As I pack all my stuff, I'm trying to decide between the want, the need, and the why-do-I-own-it? I'm too tired to have boxes labeled "Keep, Toss, Donate," or "Past, Present, Future". I don't want to be on TV, which eliminates any hope of getting help from "Clean Sweep" or "Neat". And, from what I've seen on the shows, I wouldn't qualify. You don't have to clear a path in my living room. You can sit at my dining room table (well, not now), and don't have to clear the bed before going to sleep (usually). I'm always looking at my stuff to see what I can donate or give to someone else. My mom says this trait started early - when I was around 4 years old. Sometimes I catch myself trying to find things to donate for no good reason. The desire to sort, organize and purge is strong. There's no shortage of stuff, either, because I can't seem to stay out of the stores. I am still looking for that perfect shade of lipstick that is going to transform my life and make me always beautiful. This has been going on for the past 18 years, and that magic lipstick still hasn't materialized. Why am I spending money on stuff I'm not going to keep? I should start asking myself how many hours do I (or Brian) have to work to pay for the latest basket, electronic gadget, or other knick-knack? Two, three, ten? Is a new, high tech phone really any better than the one we have now that still works just fine? Am I willing to sacrifice an entire day for a new "whatever"?. Back to my point, though.... I'm trying to purge, but I don't seem to have the mental capacity for it right now. It's easy to purge my kids old toys and clothes, but no my own. I'm so tired, physically and mental, that the art of purging is alluding me. I realize I'm weird, and that very few people are like me, but I can't help it!
I wonder.....
-Do I buy things out of boredom? Out of need? Out of desire?
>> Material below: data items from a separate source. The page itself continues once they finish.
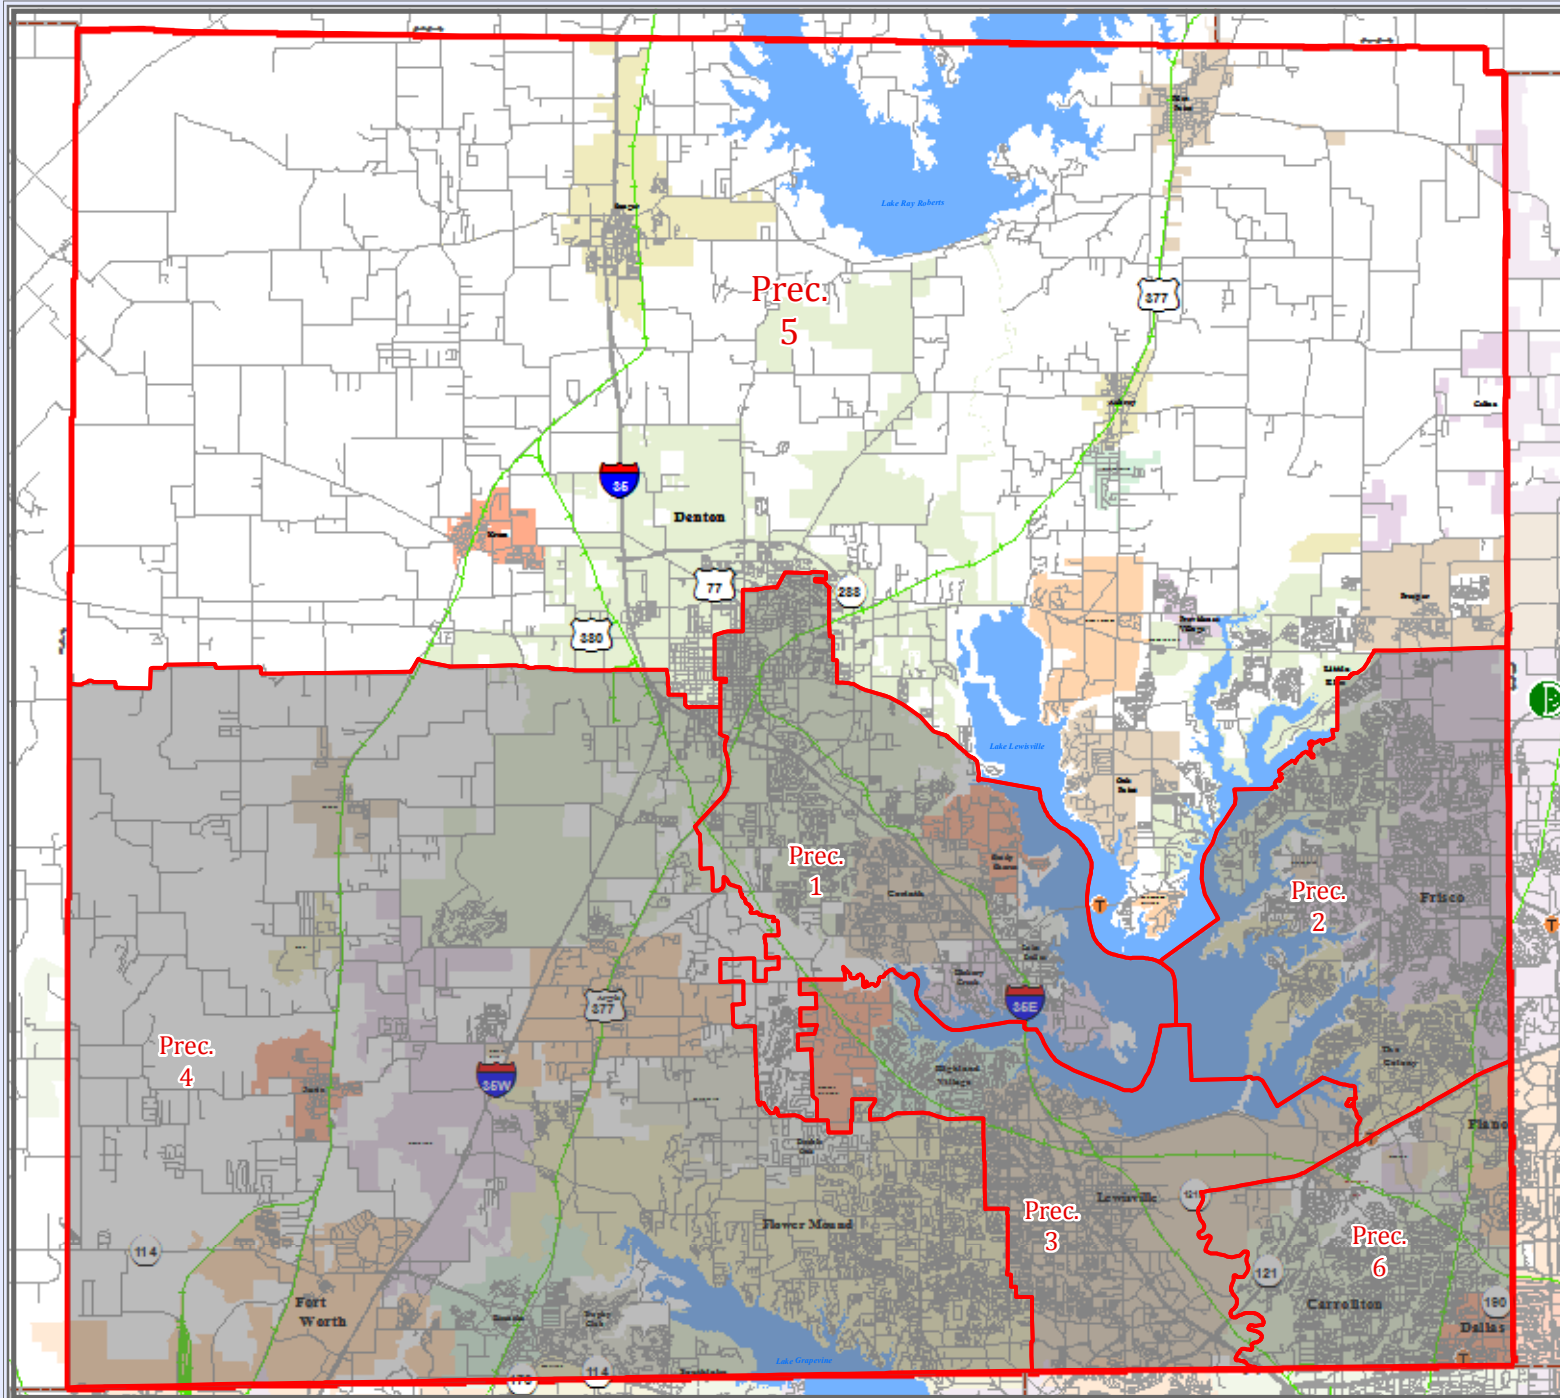

DENTON COUNTY

Constable Precinct 5

Legend

- INTERSTATE
- U.S. HIGHWAY
- STATE HIGHWAY
- FARM TO MARKET
- MAJOR THOROUGHFARES
- MINOR ROADS
- CEMETERY
- RAILROADS
- AIRPORTS
- STREAMS
- LAKES & PONDS

City Population

- Denton > 100,000
- Lewisville 48,000- 100,000
- Carrollton 10,000- 39,999
- Sugar 2,000- 9,999
- Other < 2,000

1 inch = 4.3 miles
October 19, 2016

DEPARTMENT OF TECHNOLOGY SERVICES

DENTON COUNTY

-Do I hope that the things I buy will transform my life?
-Am I hoping for acceptance from my peers because I have the right sofa, decor, shoes, or pants?
-Is anyone going to care about my pots and pans unless they're using them?
-Do I have "Catalogue-Induced Anxiety?" Should I toss the Pottery Barn catalogues? Does seeing a seemingly endless selection of shiny stuff make me want to buy more?
-Is it really new and improved? Or just new and marginally improved?
-Do I need so many choices out in the consumer world? I've noticed when visiting countries in Europe that there is considerably less to select from. I like that (I know, I'm odd).
In a way, too much stuff ties you down. You save things, hoping that you'll use it again. You save memories. You save all things that you received from others - some carefully and thoughtfully given, but a lot is not. Is the stuff in our house the same as our emotional baggage? My friend Paul once told me "Everyone has baggage. The difference is, are you caring a duffel bag at your side, or backing the U-Haul truck in the driveway?" I feel lighter when I can get rid of something. Especially when I can give it to someone who will use it (example - clothes that the kids have outgrown). But then the question arises - do I get rid of stuff just to make me feel better?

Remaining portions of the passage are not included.